1. Why do we need a helpless damsel in distress to justify her protection?

2. Why do we need protection to justify empowerment?

3. Why do we need to call upon chivalry, to appeal to the Indian Male and their virtues of considering this fight as worth fighting for?

4. Why must we forget about self empowerment? Seriously, she needed him to open the bonnet?

5. Ever wondered why ‘protection’ requires sexist conduct? She then has to be a damsel in distress, unable to fix her car. They dont need to be justified. Their mothers don’t call them at night to ask where they are. They are macho, prowling the streets, drunk of course, can’t help but harden when they look up her skirt. And yes, basically, she wont make it in life without the men?

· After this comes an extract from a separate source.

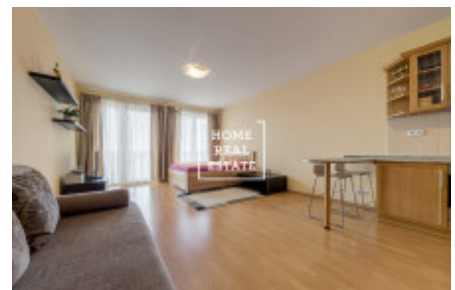

HOME
REAL
ESTATE

Pronájem bytu 1+kk, 45 m² - Panuškova

6. Why do we need to redeem men with glad eyes? “They’re looking, jerking off on you… but see, wow! they’re dropping you home.”?

7. Why does women empowerment and its cinematic imagination get stuck in all of the above? Ill give you a situation. A woman loved. And then she fell out of love. He kissed her back one last time. Told her she was wonderful. Told her he will always love her. Told her, maybe he’ll break down, but will survive. Ill give you the counterpart, the dis-empowerment – He let her go, but followed her, stalked her everyday, inundated her phone/fb/classroom/chai tapri with recurring public humiliation, of how she used him, of how she was a slut etc.

Ill tell you what. The dis-empowering counterpart is a joke on Bollywood. That’s how the boy gets his girl. For Bollywood, that’s Prince Charming sweeping you off your feet.

Would Bollywood ever understand –
“Agar ek ladki bhaagti hai,
Toh zaruri nahi ki koi ladka bhi bhaaga hoga” (Alokdhanwa)

8. This recurrent need to justify the male position, He For She et al is hogwash. This is a newer, more tactful patriarchy we are going to be tied down to. Or maybe its way too old! Maybe Vikas Behl should’ve given credits to Cinderella. Good adaptation! Bad Story!

9. Get over trying to define/redefine what ‘Real’ men do, or what ‘Real’ women do. A lot lies in between. Its called Human. And I don’t need to call upon Manliness/Womanliness to justify or ever romanticise that. Set a human precedent! Beyond Men and Women. As we’ve seen in cases of many female athletes, the ‘realness’ of being a man/woman is rather oppressive!

10. A brother/Husband/Father/Mother/Sister/Friend/Boss/Teacher have all been brought up within this patriarchy. I am as socially conditioned to patriarchy as is my brother.

At every step, we must choose, fight it within ourselves. How many decisions are we trusting her with? Or how many decisions of her’s are we labelling as that of a Slut/Love Jihad/against the Khap/Against ‘Nature’/Against ‘tradition’/Against her own good or safety?

I dont need you to come and help me
Because I am beginning to see what’s tying us down
I need you to come and fight alongside me
Because your liberation is tied to mine
Or something like that!

Our message should be loud, clear and Bekhauf. This is not my Utopia, this is not the Utopia of the people you are trying to tap as your market. Not yet. Lets fight this within ourselves a little more. Hok Kolorob!

Save me from this brand of Bollywood Feminism!